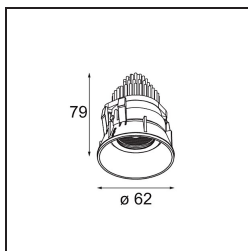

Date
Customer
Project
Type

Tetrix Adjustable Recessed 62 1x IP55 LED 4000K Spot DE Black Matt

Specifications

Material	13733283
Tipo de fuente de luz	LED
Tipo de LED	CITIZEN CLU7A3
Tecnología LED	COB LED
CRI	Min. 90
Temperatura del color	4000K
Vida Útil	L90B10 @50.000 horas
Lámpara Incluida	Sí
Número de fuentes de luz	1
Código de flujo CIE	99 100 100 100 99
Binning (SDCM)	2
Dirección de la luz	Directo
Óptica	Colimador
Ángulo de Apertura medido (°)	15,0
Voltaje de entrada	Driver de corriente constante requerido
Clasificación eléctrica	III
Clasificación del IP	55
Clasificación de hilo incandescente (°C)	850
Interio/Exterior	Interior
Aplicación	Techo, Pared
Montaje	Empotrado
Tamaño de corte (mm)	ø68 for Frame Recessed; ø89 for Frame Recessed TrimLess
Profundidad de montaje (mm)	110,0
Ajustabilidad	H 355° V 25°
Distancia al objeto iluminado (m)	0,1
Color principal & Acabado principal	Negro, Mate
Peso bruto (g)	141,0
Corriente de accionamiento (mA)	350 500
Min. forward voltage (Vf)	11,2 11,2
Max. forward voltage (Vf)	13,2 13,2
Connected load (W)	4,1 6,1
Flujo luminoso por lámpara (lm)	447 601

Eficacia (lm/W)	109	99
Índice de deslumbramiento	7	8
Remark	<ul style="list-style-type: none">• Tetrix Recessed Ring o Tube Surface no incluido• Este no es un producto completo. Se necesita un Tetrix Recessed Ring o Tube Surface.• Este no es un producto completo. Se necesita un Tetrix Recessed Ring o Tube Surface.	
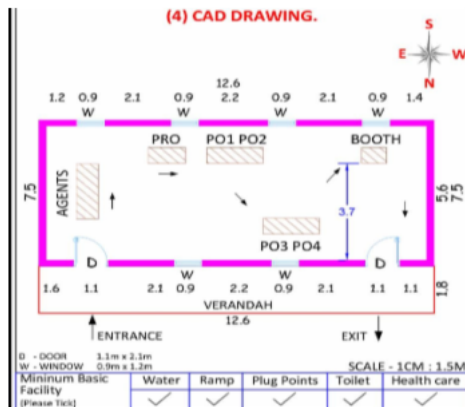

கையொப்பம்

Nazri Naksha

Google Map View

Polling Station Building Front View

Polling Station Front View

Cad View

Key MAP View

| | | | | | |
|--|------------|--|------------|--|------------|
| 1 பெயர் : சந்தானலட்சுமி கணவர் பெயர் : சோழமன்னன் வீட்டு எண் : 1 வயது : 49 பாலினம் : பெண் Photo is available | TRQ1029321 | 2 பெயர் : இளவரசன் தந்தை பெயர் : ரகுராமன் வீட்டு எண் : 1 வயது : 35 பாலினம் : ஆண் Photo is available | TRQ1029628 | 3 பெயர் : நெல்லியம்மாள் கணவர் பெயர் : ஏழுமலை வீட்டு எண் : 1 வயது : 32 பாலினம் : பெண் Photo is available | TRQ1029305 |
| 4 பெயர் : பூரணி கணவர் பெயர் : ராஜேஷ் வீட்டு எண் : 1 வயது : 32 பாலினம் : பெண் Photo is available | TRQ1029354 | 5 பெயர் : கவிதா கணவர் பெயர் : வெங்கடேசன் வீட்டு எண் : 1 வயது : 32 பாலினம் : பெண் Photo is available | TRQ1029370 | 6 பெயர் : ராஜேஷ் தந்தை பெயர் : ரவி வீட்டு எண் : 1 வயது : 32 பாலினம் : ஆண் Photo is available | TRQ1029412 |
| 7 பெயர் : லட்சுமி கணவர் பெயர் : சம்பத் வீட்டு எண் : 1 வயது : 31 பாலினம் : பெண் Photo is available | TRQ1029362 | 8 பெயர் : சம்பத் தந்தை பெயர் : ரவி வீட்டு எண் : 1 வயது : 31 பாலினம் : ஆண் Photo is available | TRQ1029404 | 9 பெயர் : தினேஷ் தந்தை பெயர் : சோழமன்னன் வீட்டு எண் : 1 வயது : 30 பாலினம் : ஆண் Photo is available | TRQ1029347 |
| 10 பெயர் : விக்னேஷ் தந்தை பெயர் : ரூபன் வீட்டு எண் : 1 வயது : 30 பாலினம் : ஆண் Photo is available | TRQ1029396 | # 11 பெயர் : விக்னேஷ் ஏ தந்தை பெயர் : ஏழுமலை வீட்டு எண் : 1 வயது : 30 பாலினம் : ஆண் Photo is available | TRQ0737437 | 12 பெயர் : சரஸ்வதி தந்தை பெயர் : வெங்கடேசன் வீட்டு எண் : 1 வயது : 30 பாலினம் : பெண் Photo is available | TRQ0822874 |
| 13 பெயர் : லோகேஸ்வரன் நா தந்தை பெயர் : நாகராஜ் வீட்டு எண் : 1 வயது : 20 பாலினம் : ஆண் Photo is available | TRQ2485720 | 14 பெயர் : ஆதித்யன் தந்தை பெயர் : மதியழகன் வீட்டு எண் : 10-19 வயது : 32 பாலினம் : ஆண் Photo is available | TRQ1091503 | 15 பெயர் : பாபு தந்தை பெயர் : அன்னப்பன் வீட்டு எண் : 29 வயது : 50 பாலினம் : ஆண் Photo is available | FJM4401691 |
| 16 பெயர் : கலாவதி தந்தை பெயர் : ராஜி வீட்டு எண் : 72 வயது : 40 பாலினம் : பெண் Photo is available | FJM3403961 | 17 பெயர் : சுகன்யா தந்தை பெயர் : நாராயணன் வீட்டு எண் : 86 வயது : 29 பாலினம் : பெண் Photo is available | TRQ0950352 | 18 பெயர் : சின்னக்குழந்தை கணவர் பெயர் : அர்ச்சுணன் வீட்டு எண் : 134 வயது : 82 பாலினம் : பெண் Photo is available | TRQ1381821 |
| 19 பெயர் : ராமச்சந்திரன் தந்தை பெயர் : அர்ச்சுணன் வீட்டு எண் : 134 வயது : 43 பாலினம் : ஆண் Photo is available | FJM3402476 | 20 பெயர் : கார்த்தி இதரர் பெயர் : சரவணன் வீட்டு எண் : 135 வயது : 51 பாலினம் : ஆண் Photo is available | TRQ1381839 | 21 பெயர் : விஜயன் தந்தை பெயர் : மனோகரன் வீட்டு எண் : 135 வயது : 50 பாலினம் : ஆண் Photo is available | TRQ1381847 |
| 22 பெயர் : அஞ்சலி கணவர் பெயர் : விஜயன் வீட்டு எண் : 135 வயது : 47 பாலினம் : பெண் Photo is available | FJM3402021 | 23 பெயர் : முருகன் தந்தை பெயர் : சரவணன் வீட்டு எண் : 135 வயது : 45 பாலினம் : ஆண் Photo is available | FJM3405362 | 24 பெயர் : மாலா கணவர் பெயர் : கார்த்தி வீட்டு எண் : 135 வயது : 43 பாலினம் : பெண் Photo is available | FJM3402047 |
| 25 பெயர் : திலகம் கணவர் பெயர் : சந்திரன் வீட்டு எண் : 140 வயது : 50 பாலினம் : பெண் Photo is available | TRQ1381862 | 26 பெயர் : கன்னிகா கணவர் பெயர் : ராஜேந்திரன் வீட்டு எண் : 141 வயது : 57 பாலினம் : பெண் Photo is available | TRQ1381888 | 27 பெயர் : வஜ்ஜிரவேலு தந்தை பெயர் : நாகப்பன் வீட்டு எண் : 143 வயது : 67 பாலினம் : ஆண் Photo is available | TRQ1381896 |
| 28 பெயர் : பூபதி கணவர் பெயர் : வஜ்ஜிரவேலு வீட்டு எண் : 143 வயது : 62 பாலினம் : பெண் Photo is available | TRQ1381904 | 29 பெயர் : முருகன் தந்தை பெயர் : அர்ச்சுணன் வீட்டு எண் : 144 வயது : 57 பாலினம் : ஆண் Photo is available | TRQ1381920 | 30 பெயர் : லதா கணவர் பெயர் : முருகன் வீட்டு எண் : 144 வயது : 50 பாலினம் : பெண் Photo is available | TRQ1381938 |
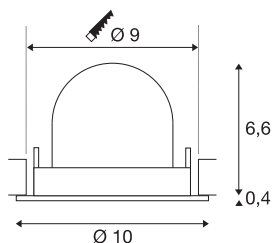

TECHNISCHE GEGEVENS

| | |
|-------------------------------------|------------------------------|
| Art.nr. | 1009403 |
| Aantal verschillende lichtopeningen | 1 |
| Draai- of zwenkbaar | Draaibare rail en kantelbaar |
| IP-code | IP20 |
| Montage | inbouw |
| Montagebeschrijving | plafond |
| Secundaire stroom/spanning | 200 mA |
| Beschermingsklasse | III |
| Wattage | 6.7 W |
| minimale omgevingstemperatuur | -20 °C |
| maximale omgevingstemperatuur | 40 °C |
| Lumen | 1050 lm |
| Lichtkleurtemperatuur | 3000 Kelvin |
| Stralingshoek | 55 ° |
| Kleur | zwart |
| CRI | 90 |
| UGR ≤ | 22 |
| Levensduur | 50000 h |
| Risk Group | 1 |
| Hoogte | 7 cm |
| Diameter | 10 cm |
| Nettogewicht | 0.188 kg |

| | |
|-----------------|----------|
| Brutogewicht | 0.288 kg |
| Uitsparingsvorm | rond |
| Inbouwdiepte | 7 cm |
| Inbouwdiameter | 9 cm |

*-*-*

### WORK ORDER
Across the whole listing, show each line where the word "forward" occurs.

### ANSWER SPACE
Min. forward voltage (Vf)	11,2 11,2
Max. forward voltage (Vf)	13,2 13,2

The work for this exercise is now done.